Biomedical Engineering Department of University of North Carolina at Chapel Hill, Chapel Hill, NC, United States of America.
SLB Consulting, Winton, Cumbria, United Kingdom.
PLoS One. 2023 Aug 10;18(8):e0283953. doi: 10.1371/journal.pone.0283953. eCollection 2023.
Doppler ultrasound (DU) is used in decompression research to detect venous gas emboli in the precordium or subclavian vein, as a marker of decompression stress. This is of relevance to scuba divers, compressed air workers and astronauts to prevent decompression sickness (DCS) that can be caused by these bubbles upon or after a sudden reduction in ambient pressure. Doppler ultrasound data is graded by expert raters on the Kisman-Masurel or Spencer scales that are associated to DCS risk. Meta-analyses, as well as efforts to computer-automate DU grading, both necessitate access to large databases of well-curated and graded data. Leveraging previously collected data is especially important due to the difficulty of repeating large-scale extreme military pressure exposures that were conducted in the 70-90s in austere environments. Historically, DU data (Non-speech) were often captured on cassettes in one-channel audio with superimposed human speech describing the experiment (Speech). Digitizing and separating these audio files is currently a lengthy, manual task. In this paper, we develop a graphical user interface (GUI) to perform automatic speech recognition and aid in Non-speech and Speech separation.

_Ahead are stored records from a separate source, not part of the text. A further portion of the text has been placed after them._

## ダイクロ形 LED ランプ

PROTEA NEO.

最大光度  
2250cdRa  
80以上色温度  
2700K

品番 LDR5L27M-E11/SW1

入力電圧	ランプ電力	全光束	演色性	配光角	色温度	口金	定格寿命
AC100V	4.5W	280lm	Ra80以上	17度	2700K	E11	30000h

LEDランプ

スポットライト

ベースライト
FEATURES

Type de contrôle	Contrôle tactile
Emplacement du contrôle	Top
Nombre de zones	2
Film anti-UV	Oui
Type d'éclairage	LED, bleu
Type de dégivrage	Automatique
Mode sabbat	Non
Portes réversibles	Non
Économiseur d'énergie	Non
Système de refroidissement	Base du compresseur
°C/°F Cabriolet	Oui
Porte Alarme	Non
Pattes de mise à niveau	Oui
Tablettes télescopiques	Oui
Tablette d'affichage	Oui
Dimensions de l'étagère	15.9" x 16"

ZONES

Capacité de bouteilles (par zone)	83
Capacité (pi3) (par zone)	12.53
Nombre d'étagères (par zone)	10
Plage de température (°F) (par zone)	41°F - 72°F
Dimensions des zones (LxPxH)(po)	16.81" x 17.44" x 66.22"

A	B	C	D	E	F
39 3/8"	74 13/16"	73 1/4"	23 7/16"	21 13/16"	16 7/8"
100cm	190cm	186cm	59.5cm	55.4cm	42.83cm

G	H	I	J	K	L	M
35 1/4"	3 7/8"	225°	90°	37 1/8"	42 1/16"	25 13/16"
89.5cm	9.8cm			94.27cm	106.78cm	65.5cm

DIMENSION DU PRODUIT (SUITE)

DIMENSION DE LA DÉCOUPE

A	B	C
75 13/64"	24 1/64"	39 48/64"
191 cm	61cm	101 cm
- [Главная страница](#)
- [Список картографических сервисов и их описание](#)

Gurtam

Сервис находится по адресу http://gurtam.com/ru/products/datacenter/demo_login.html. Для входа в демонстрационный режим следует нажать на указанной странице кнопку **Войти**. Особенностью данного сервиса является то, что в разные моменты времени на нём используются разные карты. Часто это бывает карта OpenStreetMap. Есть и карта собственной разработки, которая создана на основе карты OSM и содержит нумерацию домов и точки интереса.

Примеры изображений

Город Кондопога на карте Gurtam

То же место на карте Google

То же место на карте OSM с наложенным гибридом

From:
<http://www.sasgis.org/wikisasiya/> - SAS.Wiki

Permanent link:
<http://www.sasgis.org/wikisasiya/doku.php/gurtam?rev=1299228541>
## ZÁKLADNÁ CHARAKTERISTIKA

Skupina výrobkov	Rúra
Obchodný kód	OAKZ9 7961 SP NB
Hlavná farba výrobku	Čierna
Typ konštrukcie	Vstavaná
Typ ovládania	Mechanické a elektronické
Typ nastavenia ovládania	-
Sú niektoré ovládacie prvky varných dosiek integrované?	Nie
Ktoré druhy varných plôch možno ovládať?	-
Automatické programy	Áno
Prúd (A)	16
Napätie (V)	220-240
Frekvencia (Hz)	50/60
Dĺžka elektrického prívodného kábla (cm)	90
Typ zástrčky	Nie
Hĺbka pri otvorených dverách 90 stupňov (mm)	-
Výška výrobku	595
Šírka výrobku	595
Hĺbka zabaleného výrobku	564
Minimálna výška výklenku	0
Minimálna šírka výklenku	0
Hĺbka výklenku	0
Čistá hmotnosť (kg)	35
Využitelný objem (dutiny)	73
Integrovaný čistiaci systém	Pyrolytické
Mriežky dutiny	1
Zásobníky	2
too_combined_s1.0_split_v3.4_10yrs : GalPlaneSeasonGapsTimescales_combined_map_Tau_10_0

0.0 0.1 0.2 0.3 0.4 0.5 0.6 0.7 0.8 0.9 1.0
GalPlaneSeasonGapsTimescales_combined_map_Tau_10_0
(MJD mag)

This constitutes the first study incorporating speech processing technology in the field of diving research. If successful, it has the potential to significantly accelerate the reuse of previously-acquired datasets. The recognition task incorporates the Google speech recognizer to detect the presence of human voice activity together with corresponding timestamps. The detected human speech is then separated from the audio Doppler ultrasound within the developed GUI. Several experiments were conducted on recently digitized audio Doppler recordings to corroborate the effectiveness of the developed GUI in recognition and separations tasks, and these are compared to manual labels for Speech timestamps. The following metrics are used to evaluate performance: the average absolute differences between the reference and detected Speech starting points, as well as the percentage of detected Speech over the total duration of the reference Speech. Results have shown the efficacy of the developed GUI in Speech/Non-speech component separation.
多普勒超声(DU)用于减压研究中,以检测前胸或锁骨下静脉中的静脉气体栓塞,作为减压应激的标志物。这与水肺潜水员、压缩空气工人和宇航员有关,以防止减压病(DCS),这些气泡会在环境压力突然降低时或之后引起减压病。多普勒超声数据由专家评估员根据 Kisman-Masurel 或 Spencer 量表进行分级,这些量表与 DCS 风险相关。荟萃分析以及计算机自动 DU 分级的努力都需要访问精心管理和分级的数据的大型数据库。由于在 70-90 年代在艰苦环境中进行的大规模极端军事压力暴露难以重复,因此利用以前收集的数据尤为重要。历史上,DU 数据(非语音)通常以单声道音频盒式带上的录音形式捕获,并且叠加了描述实验的人类语音(语音)。目前,数字化和分离这些音频文件是一项冗长的手动任务。在本文中,我们开发了一个图形用户界面(GUI),以执行自动语音识别并帮助分离非语音和语音。这是首次在潜水研究领域采用语音处理技术。如果成功,它有可能显著加快对以前获取的数据集的重用。识别任务结合了 Google 语音识别器,以检测人类语音活动的存在及其相应的时间戳。然后,在开发的 GUI 中,从音频多普勒超声中分离出检测到的人类语音。对最近数字化的音频多普勒记录进行了几项实验,以验证开发的 GUI 在识别和分离任务中的有效性,并将其与语音时间戳的手动标签进行比较。用于评估性能的指标包括:参考和检测到的语音起点之间的平均绝对差异,以及检测到的语音占参考语音总持续时间的百分比。结果表明,开发的 GUI 在语音/非语音组件分离方面非常有效。